Start at the line holding "4 x E14 (60W)". Write out that line and each one after it to the end of the data, unchanged.

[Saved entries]

***

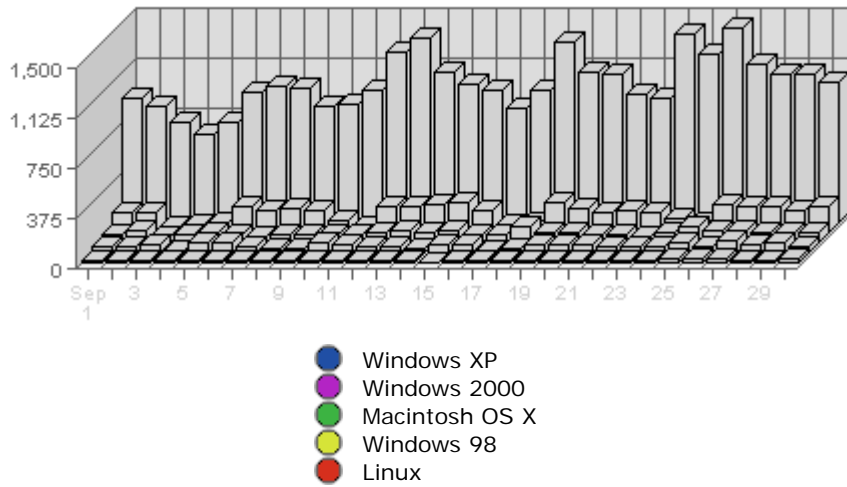

Operating System	Visits	Average	Forecasted	% of Total
1.	Windows XP	31,639	10,491.73	n/a ▲	74.20%
2.	Windows 2000	4,667	2,614.48	n/a ▼	10.95%
3.	Macintosh OS X	2,350	553.61	n/a ▲	5.51%
4.	Windows 98	1,729	1,589.82	n/a ▼	4.05%
5.	Linux	700	237.21	n/a ▲	1.64%
6.	Windows ME	519	546.55	n/a ▼	1.22%
7.	Macintosh PPC	499	279.70	n/a ▲	1.17%
8.	Windows 95	194	139.52	n/a ▼	0.46%
9.	Windows 2003	180	65.70	n/a ▲	0.42%
10.	Windows NT	123	164.94	n/a ▲	0.29%

Summary:

- During the selected month, **15** distinct browser operating systems are seen in **42,640** visits. (Averaging **2,842.67** visits per browser operating system)
- During the previous month, **16** distinct browser operating systems were seen in **39,838** visits. (Averaging **2,489.88** visits per browser operating system)
- During the selected month there are visits from **15** distinct browser operating systems. During the previous month there were visits from **16** distinct browser operating systems. This is a change of **-1 (-6.25%)** distinct browser operating system.
- During the selected month there are **42,640** visits with identifiable browser operating systems. During the previous month there were **39,838** visits with identifiable browser operating systems. This is a change of **2,802 (+7.03%)** visits.
- The selected month's average (**2,842.67** visits per browser operating system) is **up** by **352.79 (+14.17%)** from last month's average (**2,489.88** visits per browser operating system).
- **13.33%** of all browser operating systems are present in more than the average (**2,842.67** visits per browser operating system), and **86.67%** are present in less.
- Your top browser operating system accounts for **31,639** visits, **74.20%** of all visits.
- **0** browser operating systems (**0.00%** of all browser operating systems) recorded only 1 visit.
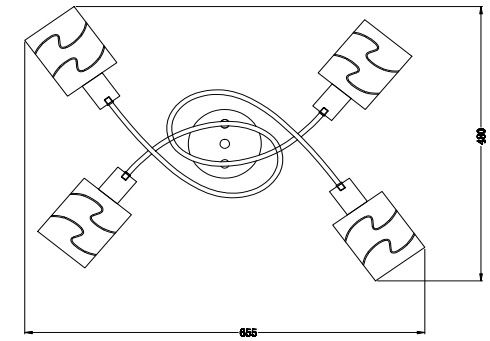

FREYA
TRADITION OF QUALITY

Instruction

FR5001CL-04N

4 x E14 (60W)

Model: FR5001CL-04N

Series: Joell

Ceiling Lamps

***

[OUTPUT FOR THIS EXERCISE]:
4 x E14 (60W)

Model: FR5001CL-04N

Series: Joell

Ceiling Lamps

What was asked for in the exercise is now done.